Het onderzoek heeft geresulteerd in de eerste aanbeveling: ketensamenwerking. Hiermee wordt de samenwerking bedoeld met de hele keten, dat wil zeggen met producent, leverancier, gebruiker, afvalverwerker en de eventuele adviespartij (MVO Nederland, 2017a). Uit het theoretisch kader is al gebleken dat samenwerking binnen de keten een factor is die essentieel is om maximaal circulair in te kopen. De respondenten en sprekers uit het onderzoek onderstrepen het feit dat samenwerking een belangrijke succesfactor is. The Ellen MacArthur Foundation (z.d.) stelt dat samenwerking nodig is om circulair inkopen winstgevend te maken. Deze winstgevendheid komt terug in het gesprek met de afvalverwerker die al in een bepaalde keten samenwerkt. Deze samenwerking heeft geresulteerd in het combineren van logistieke processen met als gevolg een reductie op de CO2 uitstoot en kosten. Los van het al bestaande contract, zijn er andere zaken die ervoor zorgen dat de circulaire impact verlaagd wordt. Naast de financiële meerwaarde heeft de samenwerking ook een meerwaarde bij het stimuleren van circulariteit. Het blijkt uit de interviews met ervaringsdeskundigen dat partijen elkaar infecteren met de circulariteitsgedachte.

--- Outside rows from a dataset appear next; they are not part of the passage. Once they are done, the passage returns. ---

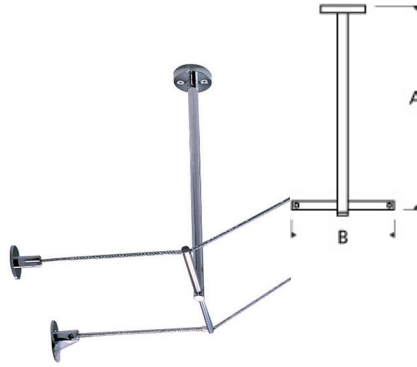

K A B L E L I T E

Kable Lite Rigid T Standoff

DESCRIPTION

Mounts to ceiling. Provides support for long runs or runs with a changing cable drop. Offered for a range of drops and cable separations. Not field-cuttable. To run the system just beneath a surface transformer, use the 5" drop.

WEIGHT

0.25-0.75lb / 0.11-0.34kg ±

kable lite rigid t
standoff

ORDERING INFORMATION

700KTSO	LENGTH (A)	CABLE SEPARATION	FINISH
01	1"	01 1"	C CHROME
02	2.5"	02 2"	S SATIN NICKEL
05	5"	03 3.5"	
12	12"	05 5.5"	
		08 8"	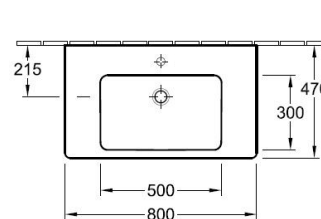

SUBWAY SINGLE VANITY BASIN

7175A001CB 1000x470mm
 7175A001TB 1000x470mm with Trap Cover
 7175A001PB 1000x470mm with Pedestal Cover
 Available 1 tap-hole only

SUBWAY SINGLE VANITY BASIN

71758001CB 800x470mm
 71758001TB 800x470mm with Trap Cover
 71758001PB 800x470mm with Pedestal Cover
 Available 1 tap-hole only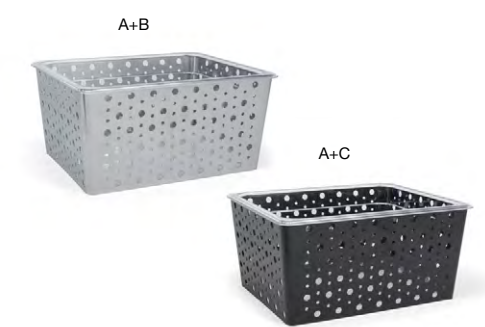

- A Full Size Pan - Deep** 20.75 x 13 x 5.75 in, 18.75 qt | 52.8 x 32.8 x 14.6 cm, 17.7 L pack 2 **BHO052CLT20**
- B Full Size Dots Housing - Deep - Silver** 19.75 x 12.25 x 6 in | 50.4 x 30.8 x 15.2 cm pack 2 **BHO065BCI20**
- A+B Full Size Dots Housing/Pan Set - Deep - Silver** 20.75 x 13 x 6 in, 18.75 qt | 52.8 x 32.8 x 15.2 cm, 17.7 L pack 2 **BHO070BCI20**
- C Full Size Dots Housing - Deep - Matte Black** 19.75 x 12.25 x 6 in | 50.4 x 30.8 x 15.2 cm pack 2 **BHO065BK120**
- A+C Full Size Dots Housing/Pan Set - Deep - Matte Black** 20.75 x 13 x 6 in, 18.75 qt | 52.8 x 32.8 x 15.2 cm, 17.7 L pack 2 **BHO070BK120**

Het tastbaar maken van het onderwerp is hier de oorzaak van. Uit de analyse van de huidige situatie komt naar voren dat kennis over circulariteit nog onvoldoende aanwezig is. Circulariteit wordt vooral als iets moois wordt gezien, waar nog weinig handen en voeten aan gegeven kan worden. Door contact met andere partijen kan besproken worden hoe zij de

circulariteitsgedachte invullen. Dit contact zal gecreëerd kunnen worden als er een grote aanbesteding aan komt. In het geval van DOWR zouden de huisvestingsplannen bij de gemeente Raalte en de verhuizing bij de gemeente Olst-Wijhe een moment kunnen zijn om dit contact op te starten. Uiteindelijk zal vertrouwen en ruimte moeten ontstaan waardoor iedereen zich veilig voelt.

42

Aanbeveling voor externe relaties 2: Van leverancier naar samenwerkingspartner

Binnen de ketensamenwerking is het belangrijk dat de leverancier gezien gaat worden als partner. Bij circulair inkopen wordt volgens alle respondenten meer verwacht van de samenwerking. Bij circulair inkopen wordt de expertise van de leverancier gebruikt om tot de meest innovatieve oplossing te komen. De leverancier moet als samenwerkingspartner de vrijheid hebben om haar eigen KPI’s op te stellen. De leverancier wordt meer een ‘dienstverlener’. Door de veranderde vorm van inkopen wordt het onderhoud van een product belangrijker. De contractduur zal langer zijn dan voorheen. In de oude situatie was het contract een eenmalige levering met eventueel onderhoud. Bij circulaire inkoop wordt in de basis een contract voor langere tijd opgesteld, om naast de levering en het onderhoud ook de KPI’s, manier van controle, go/no-gomomenten, social return en restwaarde vast te leggen.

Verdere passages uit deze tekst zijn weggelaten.